TriVascular announced on 4 June 2012 a US$60 million series D Preferred Stock equity financing commitment; the initial tranche of which closed on 1 June. New investor Kaiser Permanente Ventures, in partnership with the Redmile Group, led the round joining existing investors New Enterprise Associates, Delphi Ventures, MPM Capital, Kearny Venture Partners and Pinnacle Ventures. Sam Brasch, director at Kaiser Permanente Ventures, will join TriVascular’s Board of Directors.
Proceeds from the financing will be used to pursue US PMA approval of the Ovation Abdominal Stent Graft System, drive further sales expansion internationally, fuel product development efforts and initiate US commercial activity.

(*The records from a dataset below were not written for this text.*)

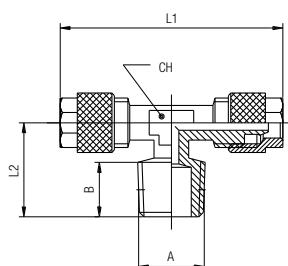

### RACCORDO A L FEMMINA

ELBOW FEMALE ADAPTOR

AUFSCHRAUB-WINKELSCHRAUBUNG (NICHT DREHBAR)

EQUERRE FEMELLE ORIENTABLE

RACOR A L HEMBRA

CONEXÃO EM "L" COM ROSCA FÊMEA

Code	Tube	A	B	L1	L2	CH	Pack.
01120 00 001	5/3	1/8	8.5	20.6	18	8	10
01120 00 002	6/4	1/8	8.5	20.6	18	8	10
01120 00 003	6/4	1/4	10.5	21	21	9	10
01120 00 004	8/6	1/8	8.5	21.9	19	9	10
01120 00 005	8/6	1/4	10.5	23.4	21	9	10
01120 00 006	10/8	1/4	10.5	25.5	22.5	11	10
01120 00 007	10/8	3/8	11.5	28	27	16	10

### RACCORDO A L INTERMEDIO

ELBOW CONNECTOR

WINKELVERSCHRAUBUNG

RACCORD EQUERRE

RACOR A L INTERMEDIO

CONEXÃO EM "L" TUBO-TUBO

Code	Tube	Tube	L	CH	Pack.
01130 00 001	4/2.7		20	8	10
01130 00 002	5/3		20.6	8	10
01130 00 003	6/4		20.6	8	10
01130 00 004	8/6	6/4	21.9	9	10
01130 00 005	8/6		21.9	9	10
01130 00 006	10/8		25.5	11	10
01130 00 007	12/10		27	13	10
01130 00 008	15/12.5		33.5	16	10

### RACCORDO A T MASCHIO CONICO

TEE MALE ADAPTOR (TAPER) - CENTRE LEG

T-EINSCHRAUBVERSCHRAUBUNG KONISCH (NICHT DREHBAR)

TÉ NON ORIENTABLE À PIQUAGE MÂLE CENTRAL, CONIQUE

RACOR A T MACHO CENTRAL CÓNICO

CONEXÃO EM "T" COM ROSCA MACHO CÔNICA

Code	Tube	A	B	L1	L2	CH	Pack.
01200 00 001	4/2.7	1/8	7.5	37	15.5	8	10
01200 00 002	5/3	1/8	7.5	39	15.5	8	10
01200 00 003	6/4	1/8	7.5	39	15.5	8	10
01200 00 004	6/4	1/4	11	41.2	19	8	10
01200 00 005	8/6	1/8	7.5	39.8	16.5	9	10
01200 00 006	8/6	1/4	11	43.8	20.5	9	10
01200 00 007	10/8	1/8	7.5	48	19	11	10
01200 00 008	10/8	1/4	11	48	22	11	10
01200 00 009	10/8	3/8	11.5	51	22	11	10
01200 00 010	12/10	3/8	11.5	54	22.5	14	10
01200 00 011	15/12.5	1/2	14	63	28	16	10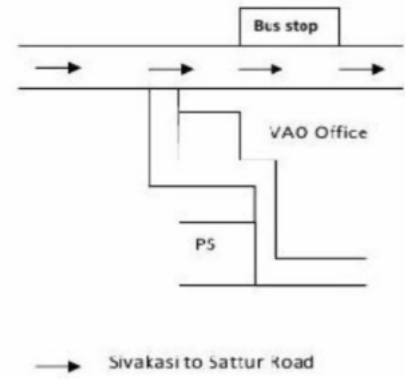

Key MAP View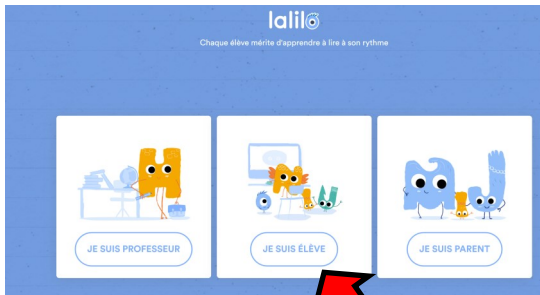

1. Allez sur [app.lalilo.com](http://app.lalilo.com)
2. Cliquez sur « Je suis élève »
3. Entrez votre code école  
(disponible sur votre tableau de bord)
4. Cliquez sur votre classe
5. Ajoutez le raccourci

Lalilo **lalilo** lalilo.com

Accès élève : code pour l'Ulis de l'école Corneille : DHDDEY

DHDDEY

Clique sur ta classe pour commencer.

***Clique sur ton prénom et commence le test,  
fais-le tout seul !***

“We are grateful for the strong partnership with our investors,” said Christopher G Chavez, chairman and CEO of TriVascular. “We welcome Kaiser Permanente Ventures and the Redmile Group to the TriVascular Team and are thankful for the continued support from our existing syndicate. We believe a financing of this magnitude, in this economic environment, is a strong endorsement of our technology, team and opportunity. We are honored by the support and remain resolute in our mission: To partner with clinicians to improve the lives of patients suffering from aortic disease.”

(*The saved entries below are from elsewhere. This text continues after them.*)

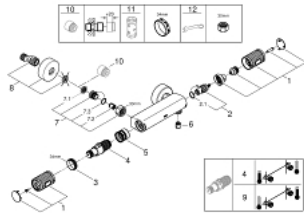

34 790 000 THERMOSTAT-BRAUSEBATTERIE, DN 15

PRODUKTBESCHREIBUNG

- Wandmontage
- **GROHE CoolTouch Sicherheitsgehäuse**
- GROHE StarLight Oberfläche
- **GROHE TurboStat** Kompaktkartusche mit Dehnstoff-Thermoelement
- GROHE ProGrip mit Rändelstruktur
- GROHE SafeStop Sicherheitssperre bei 38°C
- **Mengengriff mit GROHE EcoButton**
(Spartaste mit individuell einstellbarem Sparanschlag)
- GROHE EcoJoy Wasserspar-Technologie
- integrierte Mischwasserabspernung
- Keramik-Oberteil 1/2", 180°
- Brauseabgang unten 1/2"
- eingebaute Rückflussverhinderer
- Schmutzfangsiebe
- S-Anschlüsse
- Metallrosette
- Eigensicher gegen Rückfließen

34 790 000 THERMOSTAT-BRAUSEBATTERIE, DN 15

ERSATZTEILE

- 1: Absperrgriff (Bestell-Nr. 49160000)
- 2: Keramik-Oberteil 1/2" (Bestell-Nr. 45346000)
- 2.1: O-Ring Ø18,2 x Ø1,7 (Bestell-Nr. 0392400M)
- 3: Befestigungsring (Bestell-Nr. 47743000)
- 4: Thermostat-Kompaktkartusche 1/2" (Bestell-Nr. 47439000)
- 5: Wasserführung (Bestell-Nr. 47975000)
- 6: Rückflussverhinderer (Bestell-Nr. 08565000)
- 7: Rückflussverhinderer (Bestell-Nr. 47189000)
- 7.1: Schmutzfangsieb (Bestell-Nr. 0726400M)
- 7.2: Rückflussverhinderer (Bestell-Nr. 08565000)
- 7.3: O-Ring Ø17 x Ø2 (Bestell-Nr. 0305500M)
- 8: S-Anschluss (Bestell-Nr. 12662000)
- 9: GROHE TurboStat Kartusche 1/2" (Bestell-Nr. 47175000)*
- 10: Verlängerung 3/4", 20 mm (Bestell-Nr. 0713000M)*
- 11: Steckschlüssel (Bestell-Nr. 19332000)*
- 12: Spezialschlüssel (Bestell-Nr. 19377000)*

In the US alone, there is an estimated prevalence of nearly 2 million people with abdominal aortic aneurysms. Many of these potential patients do not have access to minimally invasive endovascular aortic repair (EVAR) given the limitations of approved devices. With an ultra low-profile (14F OD) and innovative, unique sealing technology, the Ovation system is designed to expand the patient population suitable for EVAR by addressing a wider range of diseased anatomy. In November 2011, the US FDA granted Ovation the first ever humanitarian device exemption (HDE) approval in EVAR. Ovation received CE mark approval in August 2010. To date, over 900 patients worldwide have been treated with Ovation.
TriVascular recently submitted the fifth, and final, PMA module to the FDA. The primary content of module five is the global clinical trial data. The one-year results from the pivotal study were first presented earlier this year at the CX Symposium in London, UK. The Ovation Abdominal Stent Graft System is currently available for sale in the US, for a narrow subset of patients, under an HDE designation.